PHOTOS: “The Twilight Saga: Breaking Dawn Part 1” Black Carpet Premiere
“We see the deal as a leveraged buyout with solid cash flow visibility for the next few years, because of Twilight,” writes analyst Ben Mogil, who predicts the four Twilight films — the final installment, Breaking Dawn Part 2, hits theaters in November — will generate at least $1.4 billion in revenue by 2017, more than paying back what Lionsgate will spend on the Summit acquisition.
That would be a welcome boost for Lionsgate and CEO Jon Feltheimer, who reported a loss of $24.6 million in the quarter ended Sept. 30 on sales of $358 million — in part because film revenue dropped 36 percent due to such disappointments as Conan the Barbarian and Taylor Lautner‘s Abduction.
STORY: Wall Street Chimes In on Lionsgate-Summit Deal
The most immediate beneficiaries of the deal will be Summit’s investors, who will reap their second payday in a year. In March, Summit refinanced with a new $550 million loan and a $200 million credit line, allowing them to use Twilight cash to pay back investors, including Rizvi Traverse, Participant Media and top executives Rob Friedman and Patrick Wachsberger.

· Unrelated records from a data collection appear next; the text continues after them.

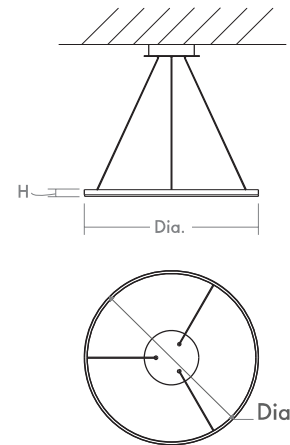

CIRCULO Pendant
3-65-xx

oxygen

FIXTURE TYPE _____

LOCATION _____

PROJECT _____

DATE _____

-24 Satin Nickel

LIGHT SOURCE	LED Array, 3000K, CRI 90
LUMINAIRE POWER	72.6W at 120V
RATED LIFE	50000 hr RL
OPTIONAL COLOR TEMPERATURES	3000K Only
LUMEN OUTPUT	Delivered: 4408 lm (LM-79)
INPUT VOLTAGE	120V AC, 50/60Hz
DRIVER OUTPUT	1800mA, 66.3W
DIMMING	TRIAC Dimming
CONSTRUCTION	Cold Rolled Steel Housing and Canopy
DIFFUSER	- Matte White Acrylic
FINISHES	White (-6), Black (-15), Satin Nickel (-24), Aged Brass (-40)
MOUNTING	4" Octagonal J-Box
STANDARDS	ETL Dry listed, Conforms to UL STD 1598, Certified CAN/CSA STD C22.2 No 250.0.

DIMENSIONS

Dia. Fixture: 31.50"

H. Fixture: 1.25"

***Hanging height adjustable
with 8ft. cables**

Order example for standard fixture:
3-65-15 (x- Voltage - xxx-Sequence # - xx-Finish)
3: 120V Only

Friedman and Wachsberger are expected to head the combined company’s film group, helping shepherd four planned Hunger Games movies starring Jennifer Lawrence based on the best-selling trilogy by Suzanne Collins. And Wachsberger, one of the industry’s top experts in international sales, should help bolster the company’s bottom line.
Layoffs are expected, and the future of the Lionsgate film team headed by Joe Drake seems uncertain. But the deal should leave the publicly traded company stronger, more diversified and better able to fend off corporate raiders like Carl Icahn.